Abstract
Introduction: Atrial fibrillation (AF) significantly heightens stroke risk, which can be mitigated through anticoagulation therapy. Although warfarin was traditionally employed for this purpose, the use of direct-acting oral anticoagulants (DOACs) is on the rise.
Methods: This retrospective study, which spanned from June 2016 to January 2018, focused on adult patients diagnosed with AF. Their treatments, either via warfarin or DOACs (apixaban, rivaroxaban, and dabigatran), were evaluated. Data analysis was done using Statistical Product and Service Solutions (SPSS, version 21; IBM SPSS Statistics for Windows, Armonk, NY). This study aims to evaluate the safety and effectiveness of DOACs versus warfarin in preventing thromboembolic complications among Saudi patients with AF.
Results: A total of 396 patients with AF, averaging 66 ± 14 years of age, were part of the study. Among them, there were slightly more female patients (205 or 51.8%). The majority of patients (223 or 56.3%) were treated with a DOAC, while the rest (173 or 43.7%) received warfarin. Furthermore, 93 patients (23.5%) were taking anti-platelet drugs. Statistically, the rate of ischemic stroke was significantly higher among patients treated with DOACs than with warfarin (p=0.005), but bleeding rates were similar in both groups. Specifically, the DOACs apixaban and rivaroxaban showed a significant association with the occurrence of stroke when compared to warfarin (p=0.012 and p=007, respectively).

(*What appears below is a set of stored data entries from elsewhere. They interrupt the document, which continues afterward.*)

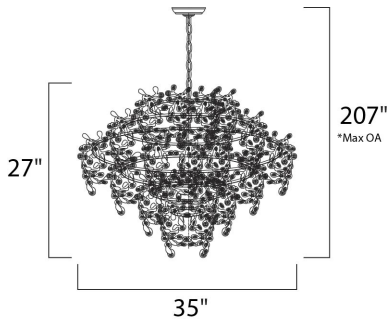

PRODUCT DESCRIPTION

The Comet collection's Polished Chrome and thousands of Beveled Glass Crystals creates countless reflective surfaces that delicately and boldly illuminate with its xenon light source.

*max overall height

MEASUREMENTS

- DIMENSION : 35" L x 35" W x 27" H
- MAX OAH : 207" OAH
- CANOPY : 5" W x 1" H x 5" L
- HANGING WEIGHT : 30.8 lb

LAMPING

- INPUT VOLTAGE : 120V
- LUMENS : 6,500 Rated
- BULB : 13 x 40W Xenon G9 , 520W Total
- BULB INCLUDED : (Included)
- DIMMABLE : Yes
- COLOR_TEMP : 2900K

FINISHES OPTION

GLASS

Beveled Crystal BC

MATERIAL

Stainless Steel, Crystal

RATINGS

cETLus
Dry Location

ADDITIONAL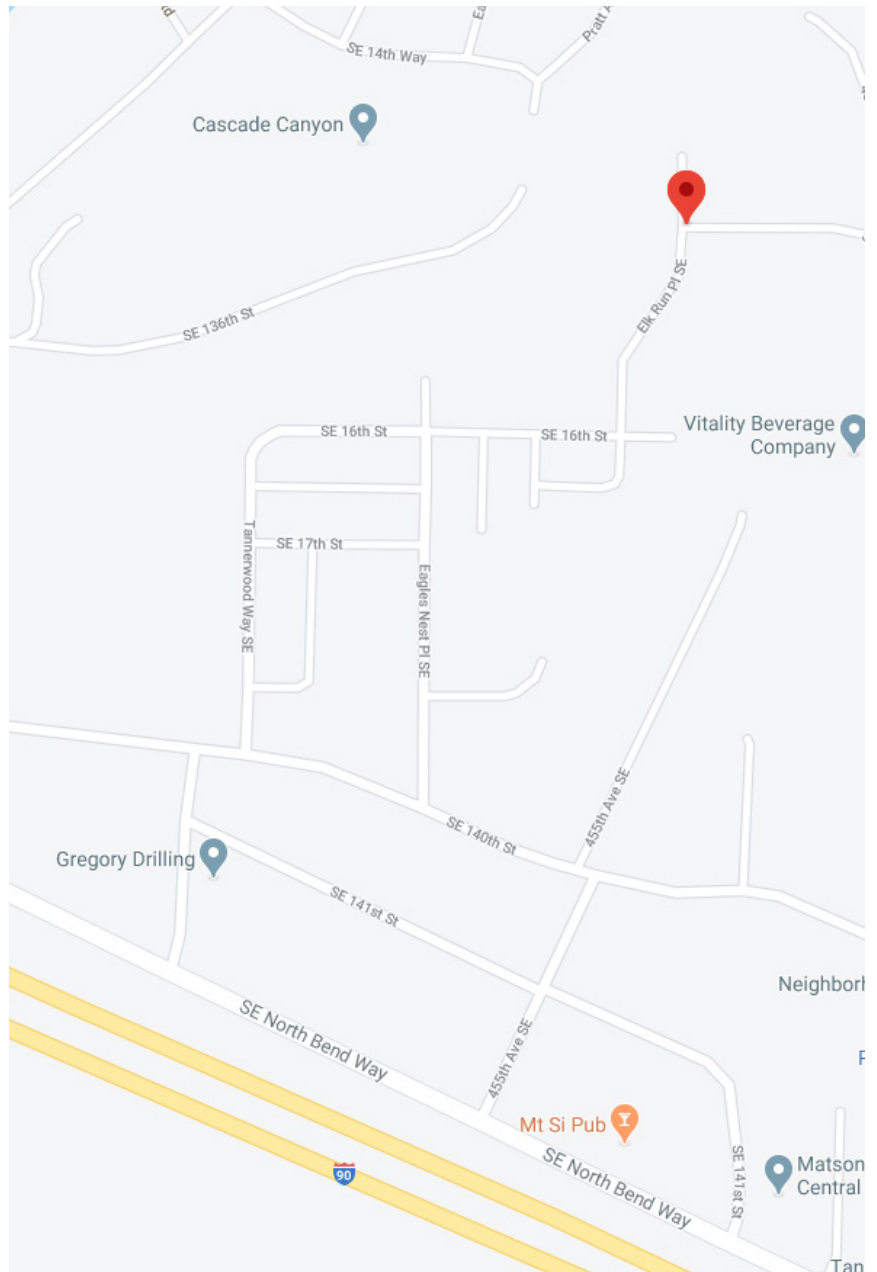

THE RIDGE AT TANNERWOOD

Directions to The Ridge

Driving from i-90 - Exit 32 - 436th Ave SE north to SE North Bend Way. Turn right and head east. Turn left on SE 140th Street. Turn left on Eagles Nest Place SE. Turn right on SE 16th Street. Turn left on Elk Run Place SE to sales office on right.

47.477711, -121.732744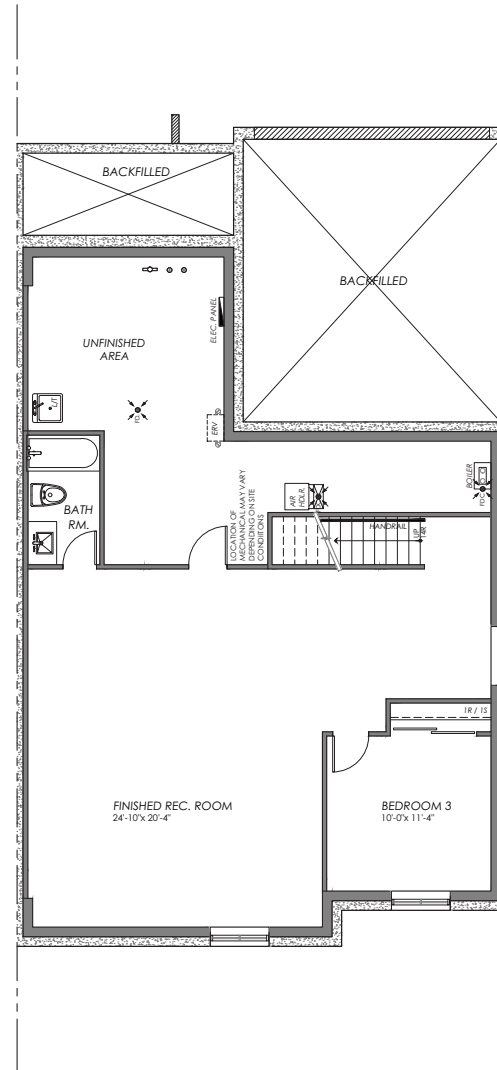

Legacy

Attached Bungalow

2,263 sq.ft.

🛏 2+1 🚗 3 🚗 2

MAIN FLOOR

BASEMENT

Room dimensions noted are to the face of finished walls. Areas noted are to the exterior of the framing/structure. Actual built dimensions may vary slightly due to construction requirements. E. & O. E.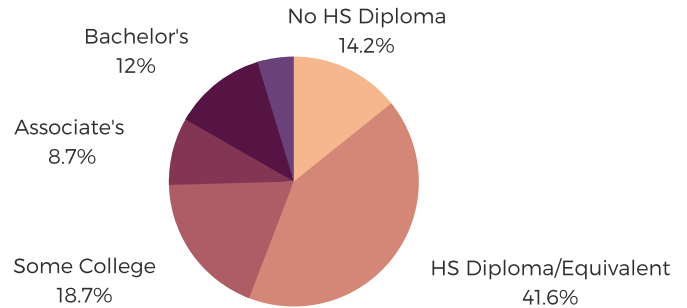

DISTRICT SIXTY ONE

FLORENCE & MARION
COUNTIES

POPULATION & HOUSEHOLDS

POPULATION: 35,306 TOTAL HOUSEHOLDS: 12,516

MALE: 46.2%
FEMALE: 53.8%

EDUCATION & ATTAINMENT

POPULATION 3 YRS AND
OVER ENROLLED: 9,641
NURSERY/PRESCHOOL: 236
KINDERGARTEN: 867
ELEMENTARY/MIDDLE: 3,877
HIGH SCHOOL: 1,651
COLLEGE/GRADUATE: 3,010

EMPLOYMENT & INCOME

POPULATION 16 YEARS AND OLDER: 27,744
EMPLOYED: 51.3% | UNEMPLOYMENT RATE: 7.5%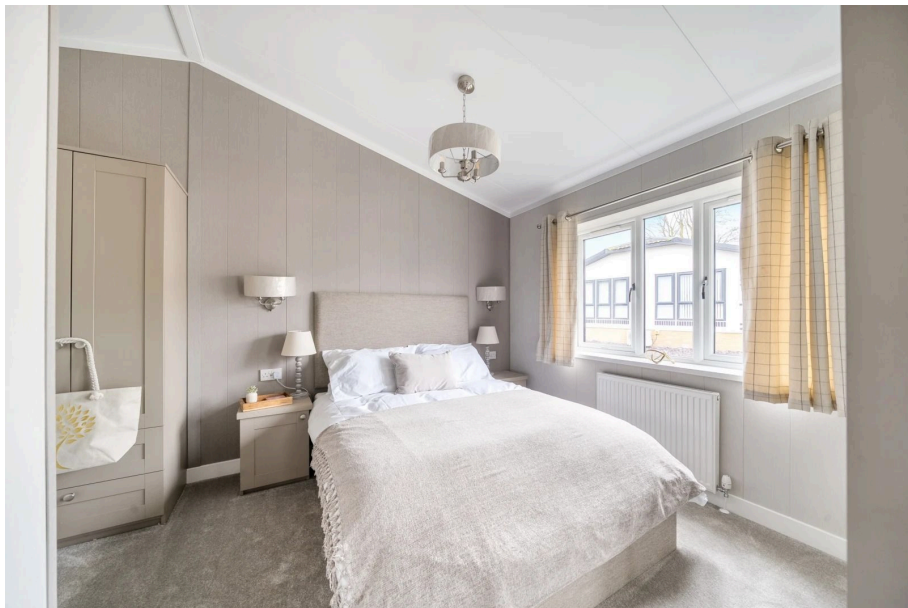

# The Park, Ranksborough Hall Park, Langham, Oakham, Rutland, LE15 7EL

£220,000

 2  2  1

- Brand New Detached Park Home Bungalow
- Luxurious Finish Throughout
- Residential Park For The Over 50's
- Home Comes Fully Furnished
- Garden and Driveway
- Two Double Bedrooms
- Ensuite and Guest Bathroom
- Fully Fitted Kitchen and Utility
- Part Exchange Available
- No Stamp Duty To Pay

A new two double bedroom (40'x20') park home bungalow which is located on this popular residential park located in a village setting in Rutland. This stunning 'Cotswold' home boasts spacious accommodation and a layout that will appeal to many buyers. This home boast a dual aspect lounge, a dining room which leads into a fully fitted kitchen and utility room, there are two double bedrooms with the master having a spacious ensuite shower and a guest bathroom compliments the accommodation. There are garden areas to all sides of the home and a driveway to the side. This brand new home comes fully furnished and ready to move into! Call us to view today. PART EXCHANGE AVAILABLE.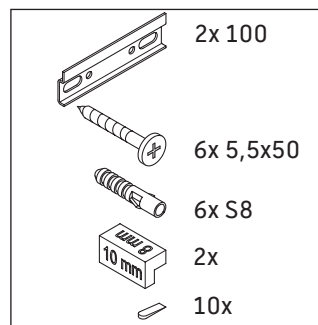

XSquare

XS 4167

Mounting instructions

Instructions for use

The bathroom furniture range complies with the standards and guidelines applicable at the time of delivery and is designed for use in bathrooms. Direct contact with water should be avoided, for example, when showering.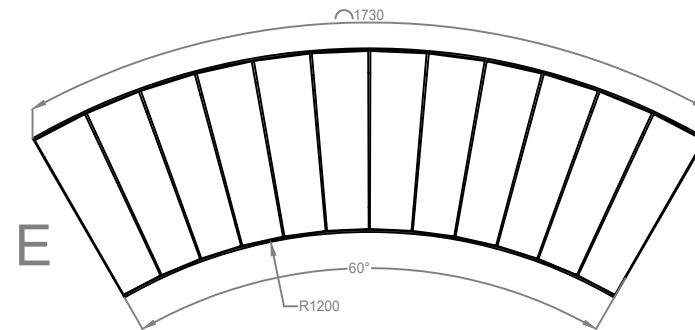

A TM4741 Porto Bench
1895mm Long

B TM4742 Porto Table
1895mm Long

TM4745 Porto Curved Bench
IR1500mm, 90deg, 3065mm long

TM4745 Porto Curved Bench
IR1500mm, 60deg, 2050mm long

TM4745 Porto Curved Bench
IR1200mm, 60deg, 1730mm long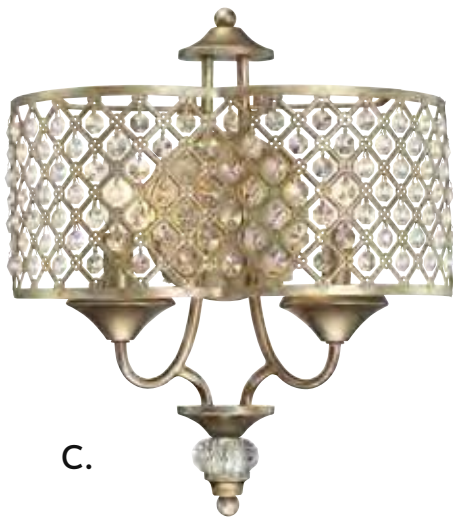

C. 1-6701-6-114
6-Light Linear Chandelier
Brittania Gold Finish
34-1/2"L x 18-1/2"W x 21"H
6C 60W
Clear Cabochon Glass

WARWICK

NEO-TRADITIONAL

~ Convertible
Semi-Flush/Pendant

REGIS

NEO-TRADITIONAL

- A. **1-2401-8-98**
8-Light Chandelier
Pyrite Finish
28"W x 32-1/2"H
8C 60W
Clear Crystal
Metal Candle Covers
- B. **6-2402-3-98**
3-Light Semi-Flush
Pyrite Finish
16"W x 16-1/4"H
3C 60W
Clear Crystal
Metal Candle Covers
- C. **9-2403-2-98**
2-Light Sconce
Pyrite Finish
13"W x 14-1/2"H x 5-3/8"E
2C 60W
Clear Crystal
Metal Candle Covers
- D. **1-2400-5-98**
5-Light Chandelier
Pyrite Finish
25"W x 27"H
5C 60W
Clear Crystal
Metal Candle Covers

Conclusion: Overall, both DOACs and warfarin presented similar results regarding hemorrhagic complications when treating AF patients. However, the DOACs apixaban and rivaroxaban displayed higher risks of ischemic stroke compared to warfarin.
Keywords: warfarin, rivaroxaban, apixaban, dabigatran, atrial fibrillation
Introduction
Atrial fibrillation (AF) is a common arrhythmia, affecting approximately 0.51% of people worldwide [1]. It significantly raises the risk of thromboembolic complications, notably stroke [2]. The primary treatment for AF patients to avoid these incidents is anticoagulation therapy [3].

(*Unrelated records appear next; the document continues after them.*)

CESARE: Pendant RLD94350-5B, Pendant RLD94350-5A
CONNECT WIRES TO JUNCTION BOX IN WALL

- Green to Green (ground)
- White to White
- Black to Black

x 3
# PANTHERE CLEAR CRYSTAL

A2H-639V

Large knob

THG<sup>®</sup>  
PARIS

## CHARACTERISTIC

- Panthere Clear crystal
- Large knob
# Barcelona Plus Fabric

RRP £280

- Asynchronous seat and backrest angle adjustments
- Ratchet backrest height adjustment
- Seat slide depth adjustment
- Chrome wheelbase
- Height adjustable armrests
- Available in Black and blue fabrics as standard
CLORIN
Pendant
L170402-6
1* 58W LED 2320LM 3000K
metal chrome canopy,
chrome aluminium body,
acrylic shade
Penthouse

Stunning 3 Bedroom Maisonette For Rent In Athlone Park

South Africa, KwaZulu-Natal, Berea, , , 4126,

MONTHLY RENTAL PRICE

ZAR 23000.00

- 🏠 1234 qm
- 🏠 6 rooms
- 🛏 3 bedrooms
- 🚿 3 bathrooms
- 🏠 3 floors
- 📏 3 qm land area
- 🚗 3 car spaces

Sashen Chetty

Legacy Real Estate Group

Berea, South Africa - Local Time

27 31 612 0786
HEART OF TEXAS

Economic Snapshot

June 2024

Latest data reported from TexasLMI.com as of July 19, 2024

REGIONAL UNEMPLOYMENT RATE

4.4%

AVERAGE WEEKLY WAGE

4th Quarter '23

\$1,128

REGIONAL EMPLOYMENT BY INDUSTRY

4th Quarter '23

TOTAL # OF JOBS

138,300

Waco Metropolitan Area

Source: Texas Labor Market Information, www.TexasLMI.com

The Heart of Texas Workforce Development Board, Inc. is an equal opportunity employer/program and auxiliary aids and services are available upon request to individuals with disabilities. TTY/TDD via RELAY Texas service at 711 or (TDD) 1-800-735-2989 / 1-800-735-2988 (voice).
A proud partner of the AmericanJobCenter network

For years, warfarin, a vitamin K antagonist, has been used to prevent stroke in AF patients [4]. A 2013 study by Björck et al. revealed a 50.4% reduction in the ischemic stroke risk in AF patients treated with warfarin [5]. The drug’s oral administration and easy availability make it advantageous. However, it also demands regular lab tests for monitoring and interacts with various other drugs [6].
In recent years, direct-acting oral anticoagulants (DOACs) emerged as an alternative to warfarin for patients with AF. Currently, the FDA has approved the DOACs rivaroxaban, apixaban, dabigatran, and edoxaban to prevent thromboembolic episodes in AF patients. This approval is backed by significant findings from randomized controlled trials [7-10]. These DOACs offer several benefits, such as oral administration, fewer hemorrhagic complications, no requirement for constant lab monitoring, and improved patient adherence [11]. However, their availability is not as widespread as warfarin, and as newer arrivals, limited data are comparing their safety and effectiveness to warfarin [12].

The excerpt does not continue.